### DATASET ENTRIES

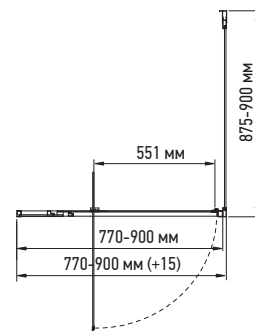

Механізм відкриття: Розпашна система

ПЕРЕВАГИ:

- Латунні петлі
- Сторону з дверима можна регулювати при монтажі від 77 до 90 см
- Подвійна кругла ручка із нержавіючої сталі SUS304

Артикул	Габарити виробу, мм	Скло	Колір профілю	Матеріал профілю
SR SC05-90x90x195-TR-01	900×900×1950	Безпечне гартоване прозоре EASY CLEAN	Хромований	Алюміній
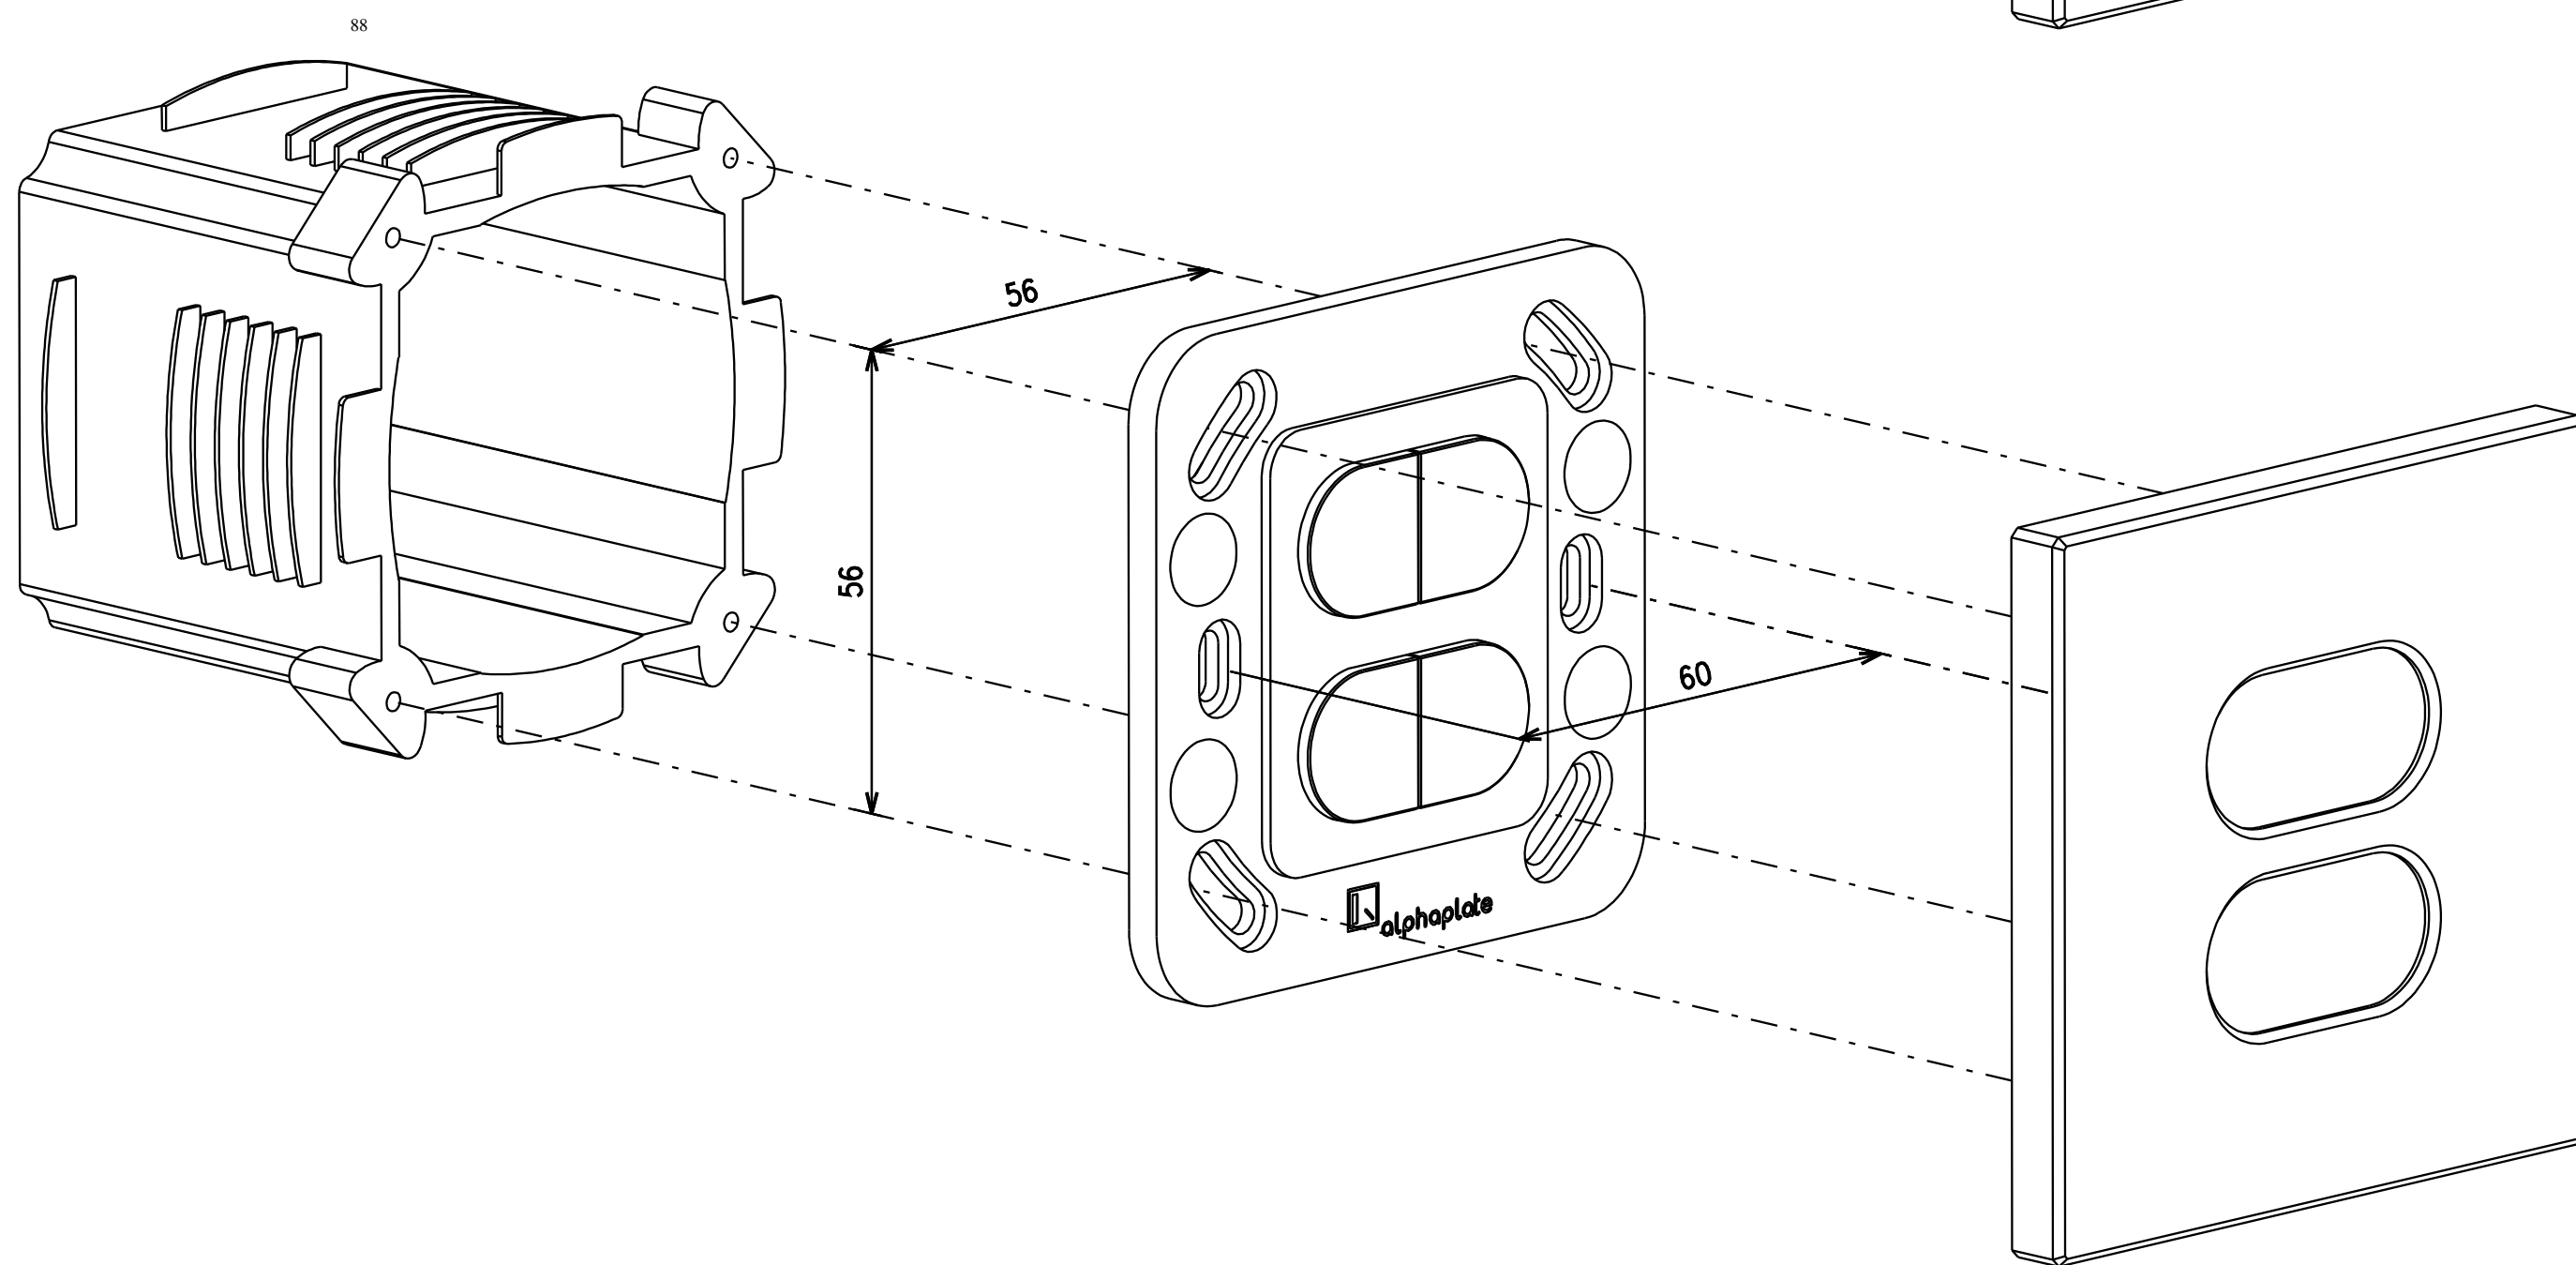

# Qplate® - linea Svizzera

## DIMENSIONI (mm) E CUT OUT

PASSIVE CON LED - Vista posteriore e laterale

**Cover Presa | T13 - generica**  
(frutto non incluso)

**Cover presa | T13 - 1 modulo**  
(frutto incluso)

88

**Cover presa | T13 - 2 moduli**  
(frutto incluso)

**Cover Presa | T13 - 3 moduli**  
(frutto incluso)
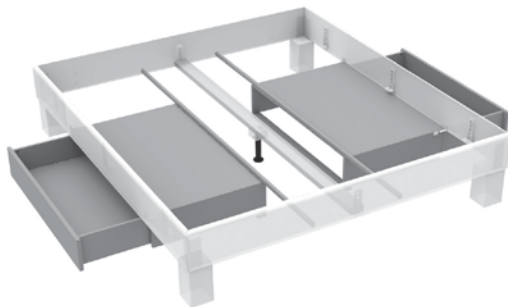

Bettkasten BK831 - optional

347.KT
KOPFTEIL

321.347-06-69
(Art. Nr. Abb. für 180X200 cm)

ATLANTA BESTELLBEISPIELE

321.347-06-69

+

BK831

=

BESTELLBEISPIEL 180X200cm

321.347 - 06 - 01

KOPFTEIL DIMENSION FARBE

954.00

Stützfuß

Optional ab der Bettbreite 140 cm bietet ein zweiter Stützfuß zusätzliche Unterstützung.

003.25

2 Stück (Set)

Quertraverse

Der Einsatz von Quertraversen (mit je zwei Stützfüßen) ermöglicht bei hoher Belastbarkeit noch mehr Stabilität.

BK831

Eine Seite

Bettkasten

Mit eleganten auf Schienen geführten Bettkästen verleihen wir unseren Betten zusätzliche Funktionalität, so wird ungenutzter Freiraum zu Stauraum.

Bei Bettbreiten bis 140 cm – eine Schublade einsetzbar
Bei Bettbreiten ab 140 cm – zwei Schubladen einsetzbar

BUCHE

WILDEICHE

ZETA

ETA

Beschreibung

1 Stück
2 Stück (Set)

Art. Nr.

### WHAT IS BEING ASKED
Write out every line of the entries that holds the word "einsetzbar".

### TASK RESPONSE
Bei Bettbreiten bis 140 cm – eine Schublade einsetzbar
Bei Bettbreiten ab 140 cm – zwei Schubladen einsetzbar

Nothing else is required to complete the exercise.